Wat is het geschil?
Schrijver en columnist RAPPA legt iedere maand de Surinaamse samenleving op de pijnbank
Er was eens een middelbare school, die had een directeur. Die was streng no m… Als je ouders hun wagen verkeerd parkeerden als ze je naar school brachten, werd je geschorst. Als je een kiek nam op een arrogante juf op facelook, werd je geschorst, samen met iedereen die had meegekeken. Als je een lamp van het gymterrein kapot trapte, werd je geschorst. Maar de school had een hoog slagingspercentage: dat was het verschil. Echter werd er gefluisterd dat bepaalde leerlingen donaties doneerden om over te gaan of te slagen; daarom werd de school InNederland genoemd.

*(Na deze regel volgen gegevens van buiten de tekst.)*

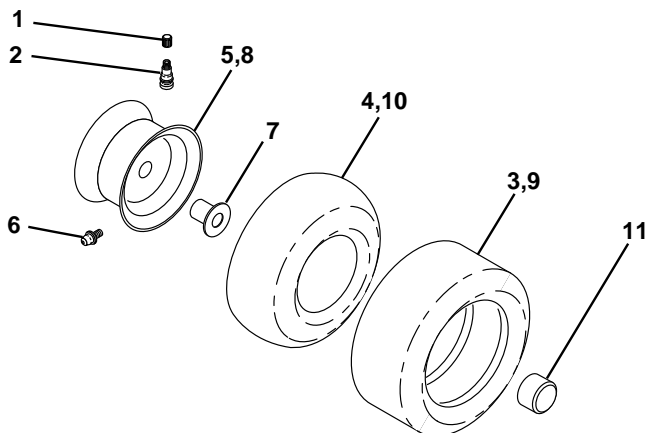

KEY NO.	PART NO.	DESCRIPTION
14	872050412	Bolt Rdhd Sht Nk 1/4-20x1-1/2
15	532134300	Spacer Split
16	532121250	Spring Cprsn Plate SW 1.310 Ga
17	532123976	Nut Lock 1/4 Lge Flg Gr 5 Zinc
21	532153236	Bolt Shoulder 5/16-18 Unc-2A
22	873800500	Nut Hex Lock w/Ins 5/16-18
24	819171912	Washer 17/32 X 1-3/16 X 12 Ga.
25	532127018	Bolt Shoulder 5/16-18 X 62

NOTE: All component dimensions given in U.S. inches.
1 inch = 25.4 mm

REPAIR PARTS

TRACTOR- -MODEL NO. 125CRD (P125CRDA) PRODUCT NO. 954 12 00-23

DECALS

KEY NO.	PART NO.	DESCRIPTION
1	532145498	Decal Read Owner's Manual Sym
2	532168409	Decal Hp Engine
3	532167151	Decal Hood Rh
4	532167152	Decal Hood Lh
5	532140986	Decal Grille
6	532126187	Decal 100 DBA
7	532159713	Decal Panel Side
8	532145437	Decal Europe Stand Ce
9	532140987	Decal Fender Logo
10	532145005	Decal Bat Dan/Poi P/L Sym Wpn
11	532145494	Decal Mower Cut Finger Symbol
12	532159737	Decal Brake/Clutch Symbol Lt
13	532166959	Decal Warn Back Plate CRD

WHEELS & TIRES

KEY NO.	PART NO.	DESCRIPTION
1	532059192	Cap Value Tire
2	532065139	Stem Value
3	532106222	Tire F Ts 15 X 6 0 - 6 Service
4	532059904	Tube Inner Front #35060
5	532125121	Rim Asm 6"front Service
6	532124957	Fitting Grease
7	532124959	Bearing Flange
8	532138337	Rim Asm 8"rear White Service
9	532124635	Tire R Ts 18 x 8.5-8 Service
10	532124926	Tube Rear 9 5 X 8 Service
11	532104757	Cap Axle Blk 1 50 X 1 00
--	532144334	Sealant, Tire (10 oz. tube)

NOTE: All component dimensions given in U.S. inches
1 inch = 25.4 mm

REPAIR PARTS

TRACTOR- -MODEL NO. 125CRD (P125CRDA) PRODUCT NO. 954 12 00-23
ENGINE

REPAIR PARTS

TRACTOR- -MODEL NO. 125CRD (P125CRDA) PRODUCT NO. 954 12 00-23
ENGINE

Toen werd die directeur vervangen, zo wilden de ouders. Er kwam na een lange sollicitatieperiode een nieuwe ‘drieko’. Die maakte meteen een blijvende indruk, vanwege z’n artistieke vlechtwerk. Zoals de vorige drieko ‘de Sheriff’ werd genoemd, kreeg de nieuwe de naam van ‘Rasta’. Hij voerde op last van het stichtingsbestuur van de school onder leiding van Wonny Paisah, een aantal bezuinigingsmaatregelen door. Zo mochten de leerkrachten niet meer dan tien overuren per week maken, terwijl de meesten meer dan vijftig maakten. Dat bracht namelijk hun armzielig salaris een beetje op reëel niveau. Maar nu kwamen ze onder de armoedegrens. Het aantal ziekmeldingen en verzuimdagen nam meteen enorm toe. In die vrijkomende tijd gaven de leerkrachten dan bijlessen.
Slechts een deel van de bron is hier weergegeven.